In our study, DM, hypertension, HFrEF, and an increase in creatinine levels were significantly associated with GF. Each parameter was associated with increased atherosclerosis and cardiovascular risk [19-21]. Kubiak et al. [22] investigated atherosclerosis of saphenous grafts with optical coherence tomography and found that decreased ejection fraction and renal insufficiency were associated with increased atherosclerosis in saphenous grafts. Their finding was similar to the findings of our study, where GF was significantly associated with HFrEF and increased creatinine level. However, the creatinine levels were in the normal range for both groups in our study. Additionally, the information in the literature regarding the role of hypertension and DM in graft patency is controversial. Muir et al. [13] concluded that either hypertension or DM contributes to graft patency after CABG surgery. On the contrary, Goldman et al. [2] found that neither hypertension nor DM contributes to graft patency. In our study, these parameters were strongly associated with GF; however, none of them proved to be an independent predictor of GF in multivariate analysis. Furthermore, only the CHA2DS2-VASc score was found to be an independent predictor of GF. This finding proves that each parameter might not predict GF individually, but with a simple and feasible calculation method, which includes these risk factors, the incidence of GF might be predicted.
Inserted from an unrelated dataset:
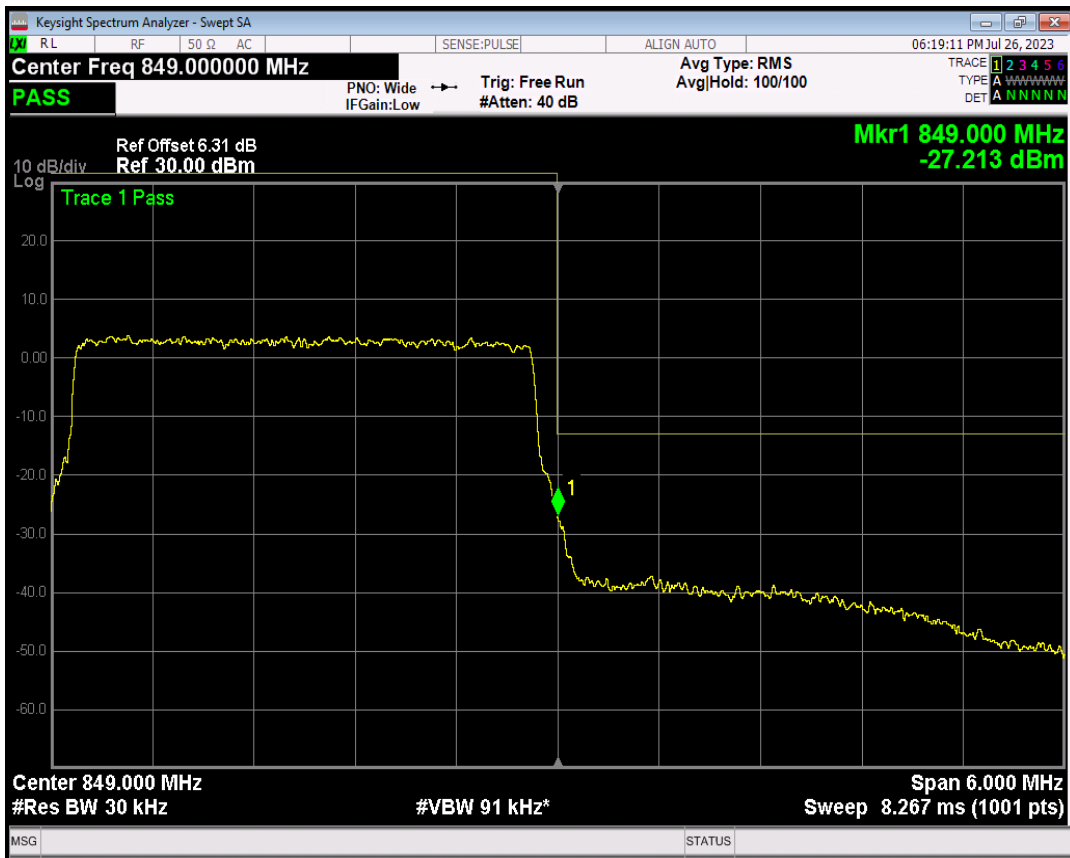

Band5 QPSK BW=3MHz Channel=20635 RB Size=15 Position=#0

Band5 16QAM BW=3MHz Channel=20635 RB Size=1 Position=#0

A study similar to ours by Yarlioglues et al. [23] investigated the association between the CHA2DS2-VASc score and saphenous vein graft disease. They found that a CHA2DS2-VASc score ≥4 was an independent predictor of saphenous vein graft disease. However, there were some differences between their study and our analysis. In their study, they also found that time interval after CABG was an independent predictor of saphenous vein graft disease, and their data had significant time difference in the intervals after CABG between the studied groups: patients with saphenous vein graft disease had longer time interval after CABG surgery. Their findings among study groups might have been influenced by this significant difference. In our study, the time interval after CABG between the groups was similar and there was no statistically significant difference in terms of left heart catheterization (LHC) graft study between groups. Another difference was that they had excluded arterial grafts; however, our study included both saphenous vein grafts and internal mammary artery grafts. Additionally, their study defined saphenous vein graft disease as the presence of at least 50% stenosis in the grafts and they evaluated the stenosis with visual assessment. In our study, we did not include moderate degeneration in saphenous vein grafts and defined graft failure as stenosis ≥70%, and these segments with stenosis were evaluated not only by visual assessment but also with QCA analysis. Therefore, our study addressed most of the limitations in their study and had more precise findings compared to their study.

Study limitations

There were several limitations to this study. Firstly, because the parameters were identified retrospectively, this study is prone to limitations inherent to any retrospective analysis. Secondly, this was a single-center study with a relatively small sample size, which is a limitation in that the findings cannot be representative of the broader population. In addition, we could not separately include patients with acute angina pectoris because of the small number of patients. Finally, the follow-up period was 100 months on average and we did not have the data on longer-term outcomes after surgery in our study.

Conclusions

Based on our findings, graft patency remains a significant challenge after CABG surgery. The CHA2DS2-VASc score might be used as a handy, feasible, and simple tool to predict the risk of GF following CABG surgery. Thus, patients with high CHA2DS2-VASc scores might be followed up closely. However, more comprehensive studies should be conducted on this subject to validate our findings.